Exercise requirements: Every line of the data should be written out exactly, with the pictures left out.

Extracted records
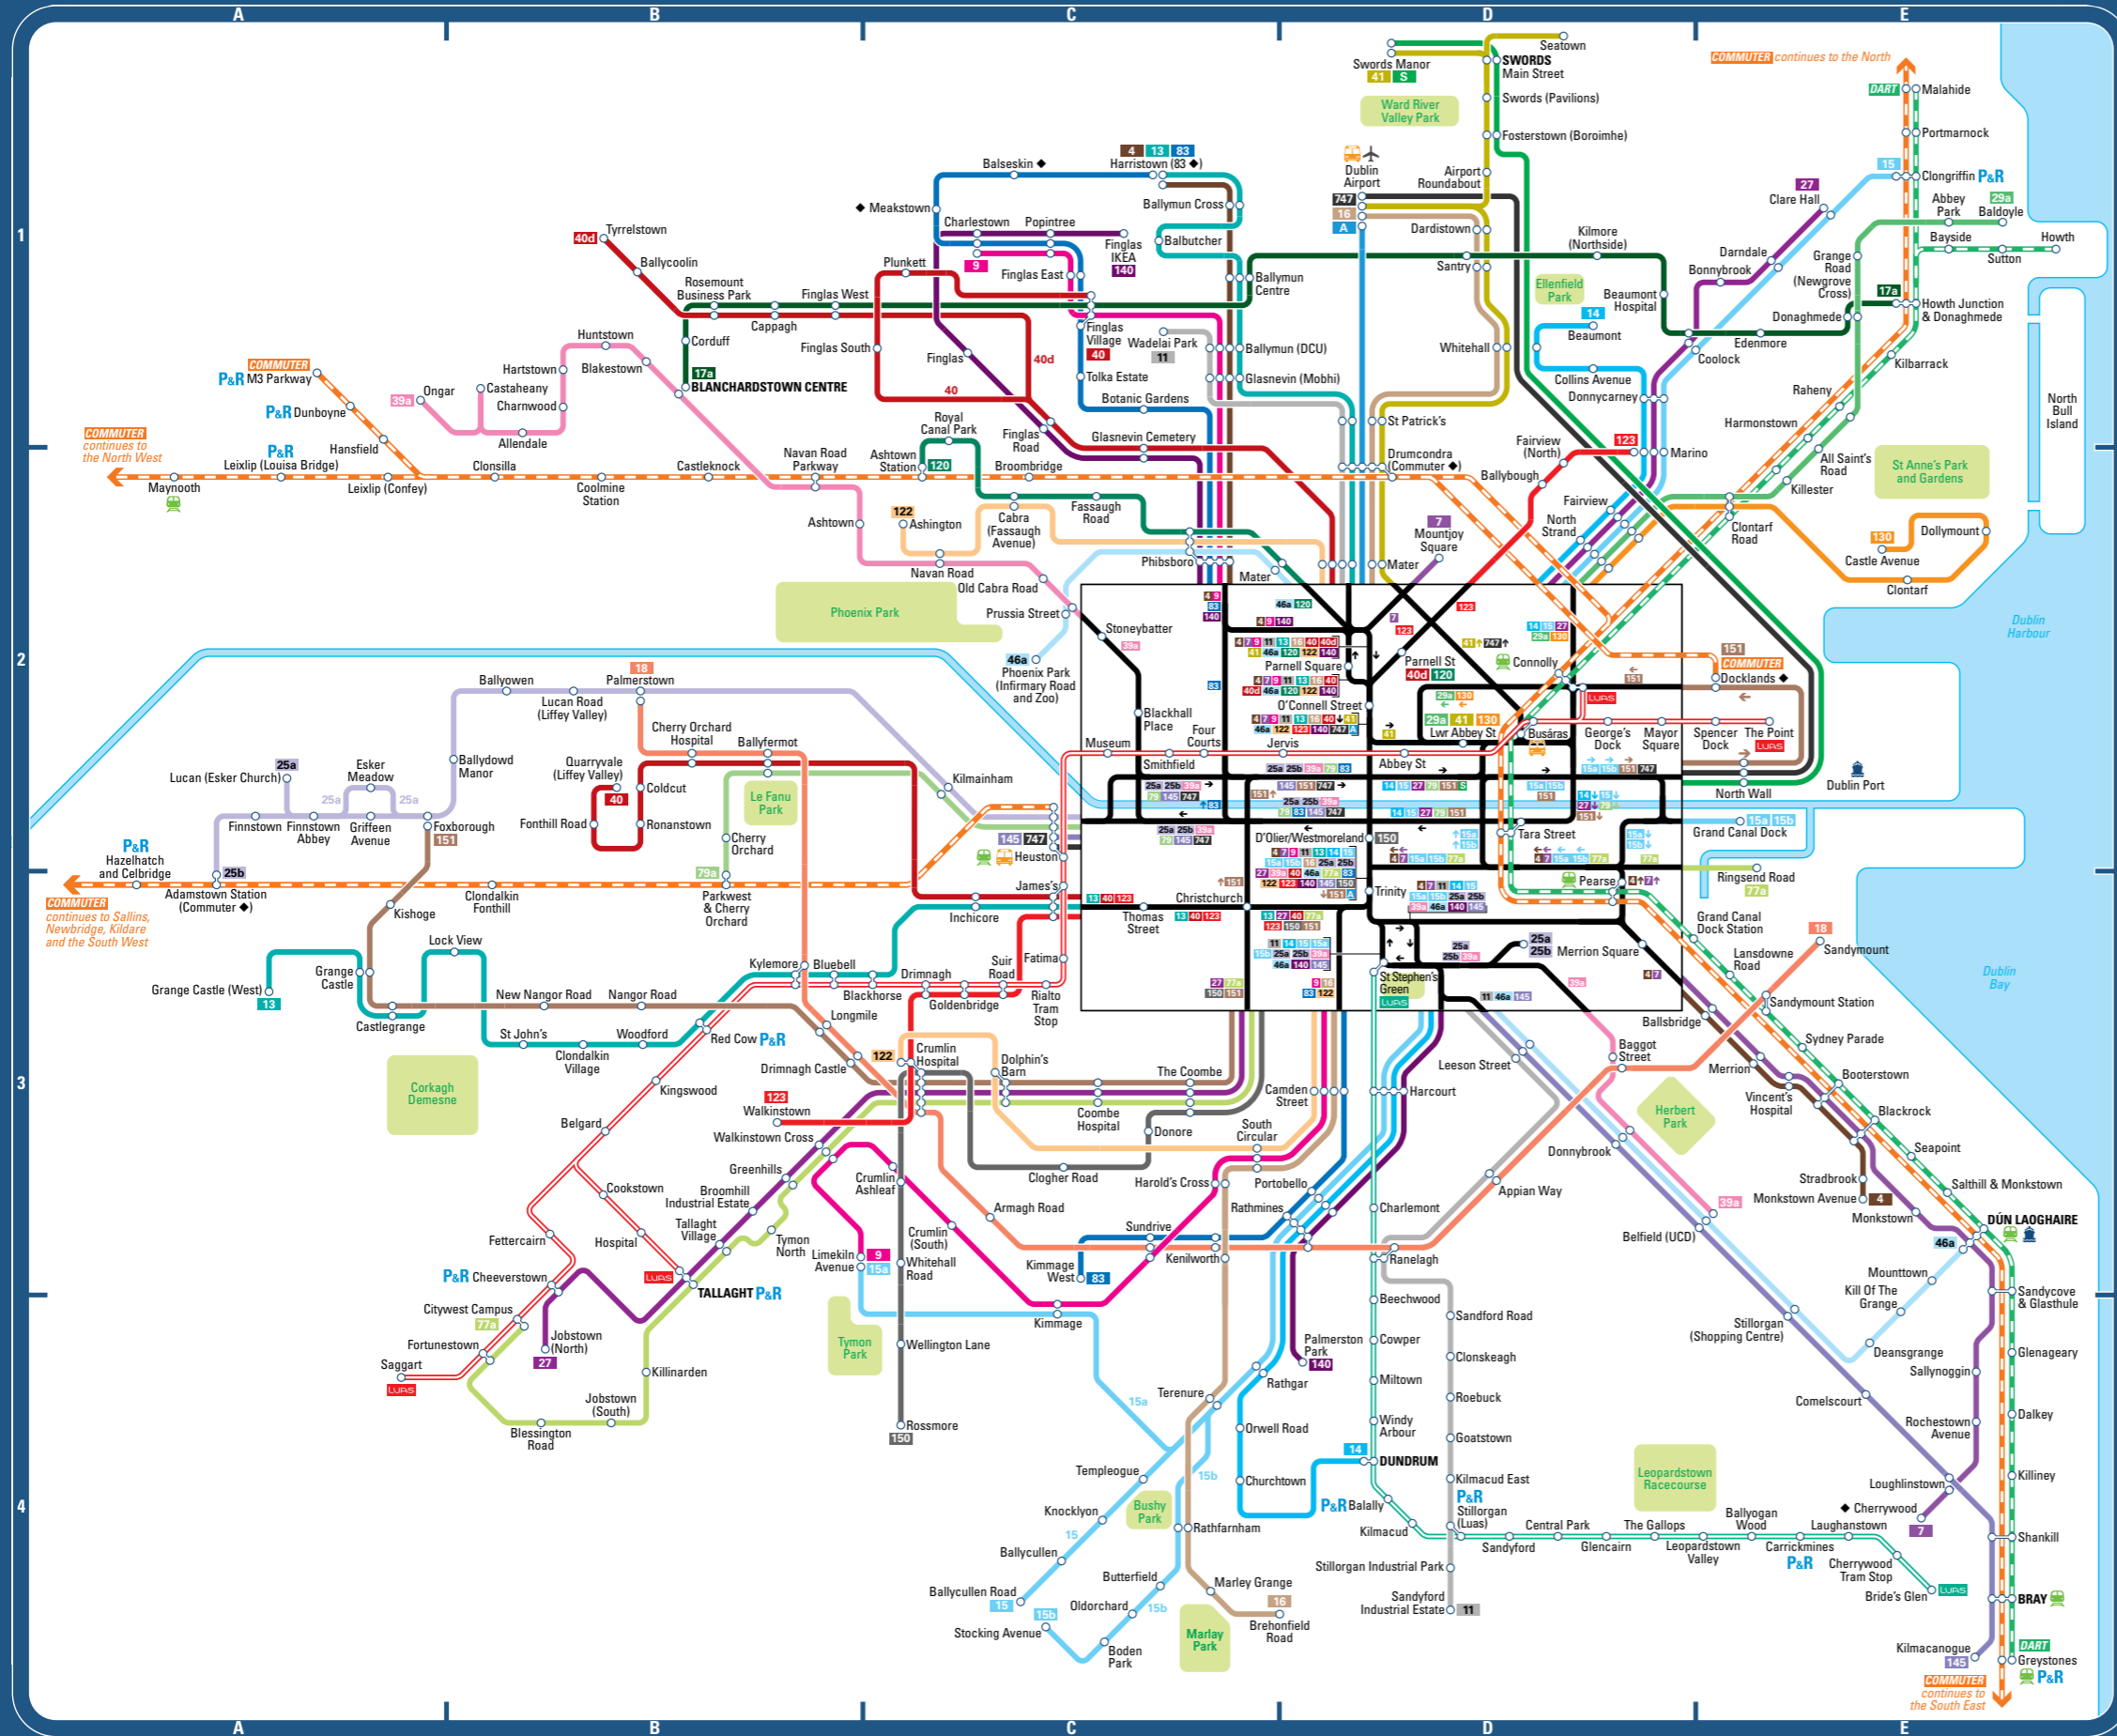

Dublin Public Transport Frequent Services

KEY

Bus services

- 4 Harristown - Monkstown Avenue
- 7 Mountjoy Square - Loughlinstown/Cherrywood
- 9 Charlestown - Limekiln Avenue
- 11 Wadelai Park - Sandyford Industrial Estate
- 13 Harristown - Grange Castle
- 14 Beaumont - Dundrum Luas Station
- 15 Clongriffin - Ballycullen Road
- 15a Grand Canal Dock - Limekiln Avenue
- 15b Grand Canal Dock - Stocking Avenue
- 16 Ballinteer (Brehonfield Road) - Dublin Airport
- 17a Blanchardstown - Howth Junction
- 18 Palmerstown - Sandymount
- 25a Lucan (Esker Church) - Merrion Square
- 25b Adamstown Station - Merrion Square
- 27 Clare Hall - Jobstown
- 29a Lower Abbey Street - Baldoyle
- 39a UCD (Belfield) - Ongar
- 40 Finglas Village - Liffey Valley (Shopping Centre)
- 40d Parnell Street - Tyrrelstown
- 41 Lower Abbey Street - Swords Manor
- 46a Phoenix Park (Infirmary Road and Zoo) - Dun Laoghaire
- 77a Ringsend Road - Citywest Campus
- 79a Parkwest & Cherry Orchard - City Centre
- 83 Harristown - Kimmage
- 120 Parnell Street - Ashtown Station
- 122 Ashington - Crumlin Hospital
- 123 Walkinstown - Marino
- 130 Lower Abbey Street - Castle Avenue (Clontarf)
- 140 Finglas IKEA - Palmerston Park
- 145 Heuston Station - Kilmacanogue
- 150 Fleet Street - Rossmore
- 151 Docklands - Foxborough
- 747 Heuston Station - Dublin Airport
- A Aircoach
- S Swords Express
- Multiple bus routes

Rail services

- COMMUTER rail route
- DART rail route

Luas tram services

- LUAS green line
- LUAS red line

○ Principal stop
◆ Stop served by certain journeys only

Transfer Points
Locations where it is possible to change to a different form of transport

- Rail (DART, COMMUTER or Intercity)
- Bus coach (regional or intercity)
- P&R Park & Ride (larger car parks)
- Airport
- Ferry Port

Points of Interest

- Public Park
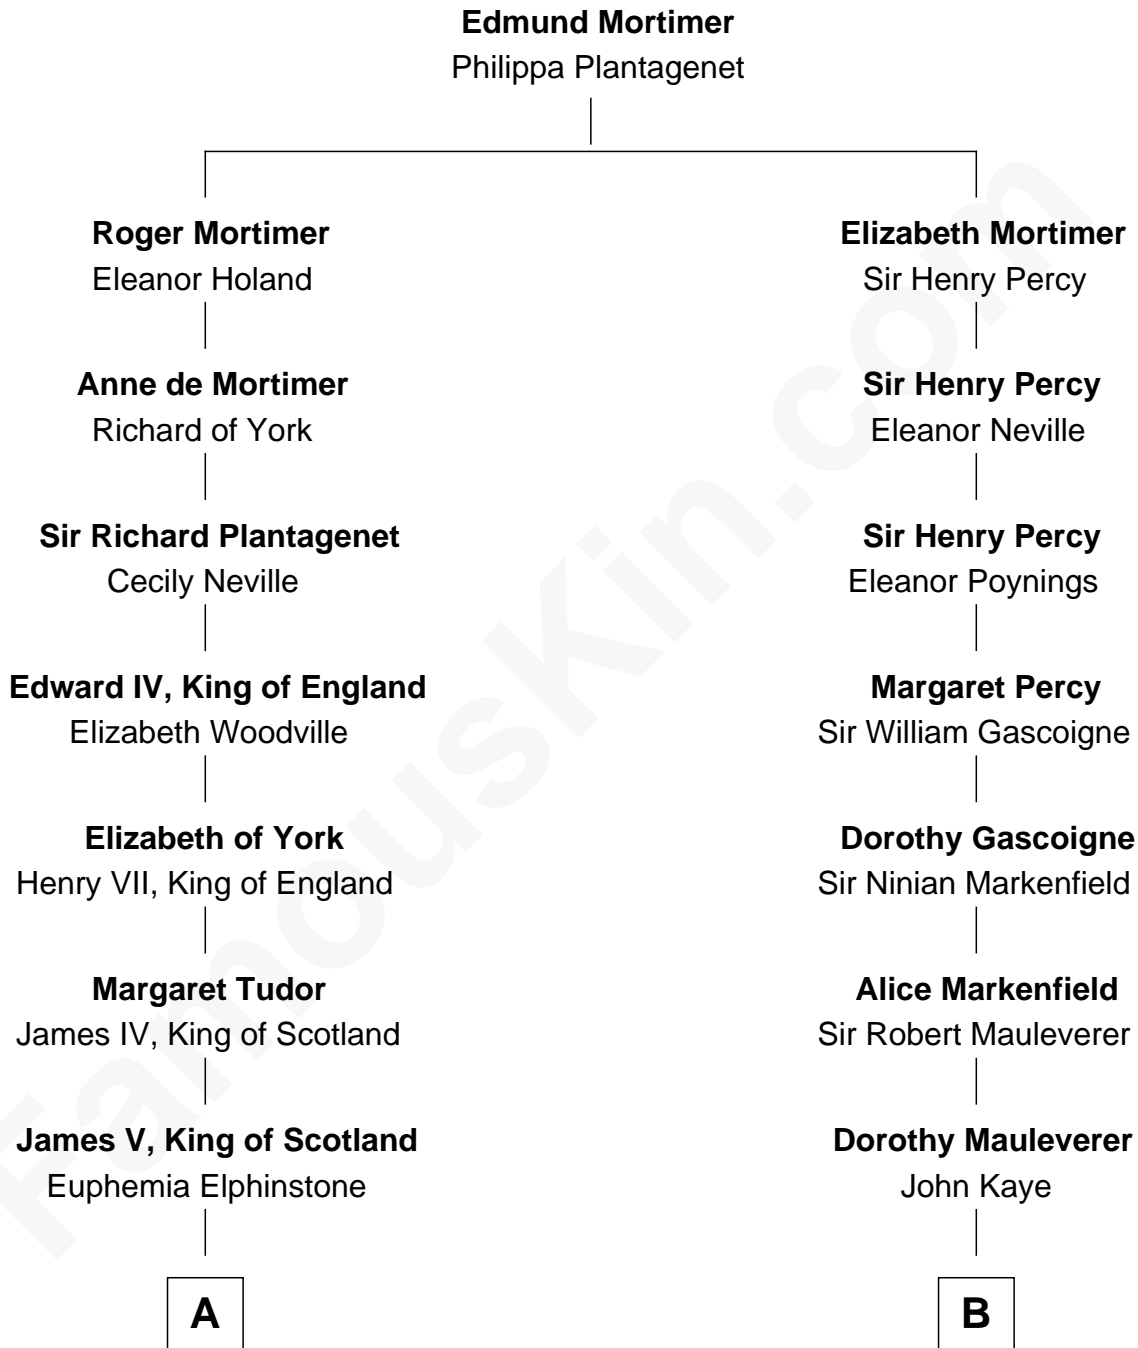

# FamousKin.com Relationship Chart of

**James Russell Lowell**

*American "Fireside" Poet*

17th cousin 2 times removed of

**John Adams Morgan**

*1952 Olympic Sailing Gold Medalist*

**C**

**Charles Francis Adams**

Frances Lovering

**Catherine Frances Lovering Adams**

Henry Sturgis Morgan

**John Adams Morgan**

*Olympic Gold Medalist*

FamousKin.com

Solution below:
Dublin Public Transport Frequent Services

KEY

Bus services

- 4 Harristown - Monkstown Avenue
- 7 Mountjoy Square - Loughlinstown/Cherrywood
- 9 Charlestown - Limekiln Avenue
- 11 Wadelai Park - Sandyford Industrial Estate
- 13 Harristown - Grange Castle
- 14 Beaumont - Dundrum Luas Station
- 15 Clongriffin - Ballycullen Road
- 15a Grand Canal Dock - Limekiln Avenue
- 15b Grand Canal Dock - Stocking Avenue
- 16 Ballinteer (Brehonfield Road) - Dublin Airport
- 17a Blanchardstown - Howth Junction
- 18 Palmerstown - Sandymount
- 25a Lucan (Esker Church) - Merrion Square
- 25b Adamstown Station - Merrion Square
- 27 Clare Hall - Jobstown
- 29a Lower Abbey Street - Baldoyle
- 39a UCD (Belfield) - Ongar
- 40 Finglas Village - Liffey Valley (Shopping Centre)
- 40d Parnell Street - Tyrrelstown
- 41 Lower Abbey Street - Swords Manor
- 46a Phoenix Park (Infirmary Road and Zoo) - Dun Laoghaire
- 77a Ringsend Road - Citywest Campus
- 79a Parkwest & Cherry Orchard - City Centre
- 83 Harristown - Kimmage
- 120 Parnell Street - Ashtown Station
- 122 Ashington - Crumlin Hospital
- 123 Walkinstown - Marino
- 130 Lower Abbey Street - Castle Avenue (Clontarf)
- 140 Finglas IKEA - Palmerston Park
- 145 Heuston Station - Kilmacanogue
- 150 Fleet Street - Rossmore
- 151 Docklands - Foxborough
- 747 Heuston Station - Dublin Airport
- A Aircoach
- S Swords Express
- Multiple bus routes

Rail services

- COMMUTER rail route
- DART rail route

Luas tram services

- LUAS green line
- LUAS red line

○ Principal stop
◆ Stop served by certain journeys only

Transfer Points
Locations where it is possible to change to a different form of transport

- Rail (DART, COMMUTER or Intercity)
- Bus coach (regional or intercity)
- P&R Park & Ride (larger car parks)
- Airport
- Ferry Port

Points of Interest

- Public Park

# FamousKin.com Relationship Chart of

**James Russell Lowell**

*American "Fireside" Poet*

17th cousin 2 times removed of

**John Adams Morgan**

*1952 Olympic Sailing Gold Medalist*

**C**

**Charles Francis Adams**

Frances Lovering

**Catherine Frances Lovering Adams**

Henry Sturgis Morgan

**John Adams Morgan**

*Olympic Gold Medalist*

FamousKin.com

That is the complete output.